## Aim of the exercise
Only lines that contain the word "LIFT" are to be returned from the data below.

[[ Data for this task, beginning ]]

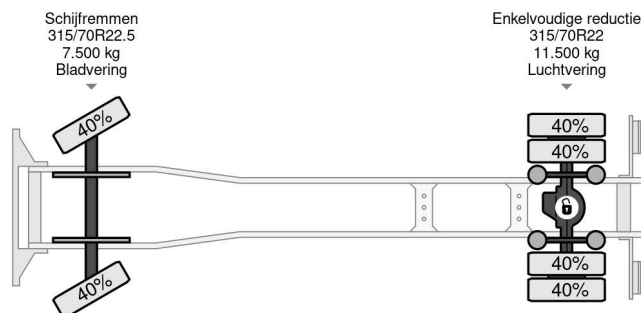

Volvo 4X2 BOX DHOLLANDIA LIFT TÜV TILL 01-2026

COMMON

| | |
|---------------|--|
| Prijs | Op aanvraag ex btw |
| Id | VO101153 |
| Merk | Volvo |
| Type | 4X2 BOX DHOLLANDIA LIFT TÜV TILL 01-2026 |
| Bouwjaar | 2015 |
| Tellerstand | 726.495 km |
| Opbouw | Gesloten bak |
| Max. gewicht | 19.500 kg |
| Emissieklasse | 6 |

Volvo FE 280 4X2 BOX DHOLLANDIA LIFT TÜV TILL 01-2026

Referentienummer: VO101153

PROPERTIES

| | |
|-----------------------------|-------------------|
| Datum eerste toelating | 09-01-2015 |
| Apk-vervaldatum | 09-01-2026 |
| Kentekenplaat | 29-BFN-4 |
| Brandstof | Diesel |
| Transmissie | Automaat |
| Voertuigidentificatienummer | YV2V0Y1A5FZ101153 |
| Asconfiguratie | 4x2 |
| Aantal assen | 2 |
| Ledig gewicht | 9.417 kg |
| Aantal cilinders | 6 |
| Vermogen in kw | 210 |
| Vermogen in pk | 286 |
| Wielbasis | 580 cm |
| Opbouw afmetingen (l/b/h) | |
| Laadgewicht | 10.083 kg |
| Lengte | 965 cm |
| Breedte | 255 cm |
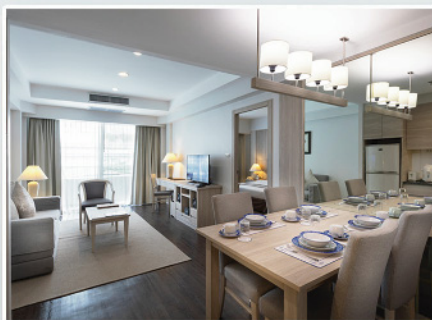

โรงแรมคลาสสิก คามิโอ ศรีราชา

Come back with peace of mind

กลับมาอีกครั้ง!

วันนี้ - 30 เมษายน 2564

เพลิดเพลินกับการพักผ่อนที่มีมาตรฐานในการรักษาความสะอาด
และปลอดภัยจาก COVID-19 ที่โรงแรมคลาสสิก คามิโอ ศรีราชา

ห้องสตูดิโอ สวิต

ห้องสวีท 1 ห้องนอน

ห้องสวีท 2 ห้องนอน

~~2,150~~ **1,500** บาท ต่อคืน

- ห้องพัก 1 คืน สำหรับ **ห้องสตูดิโอ สวิต**
- พร้อมอาหารเช้า สำหรับ 2 ท่าน
- Late Check Out ขึ้นกับห้องว่าง ณ ขณะนั้นของทางโรงแรม
- สิ่งอำนวยความสะดวกครบครัน

~~2,500~~ **2,000** บาท ต่อคืน

- ห้องพัก 1 คืน สำหรับ **ห้องสวีท 1 ห้องนอน**
- พร้อมอาหารเช้า สำหรับ 2 ท่าน
- Late Check Out ขึ้นกับห้องว่าง ณ ขณะนั้นของทางโรงแรม
- สิ่งอำนวยความสะดวกครบครัน

~~4,800~~ **3,500** บาท ต่อคืน

[[ Data for this task, end ]]

## Output for this exercise
Volvo 4X2 BOX DHOLLANDIA LIFT TÜV TILL 01-2026
| Type | 4X2 BOX DHOLLANDIA LIFT TÜV TILL 01-2026 |
Volvo FE 280 4X2 BOX DHOLLANDIA LIFT TÜV TILL 01-2026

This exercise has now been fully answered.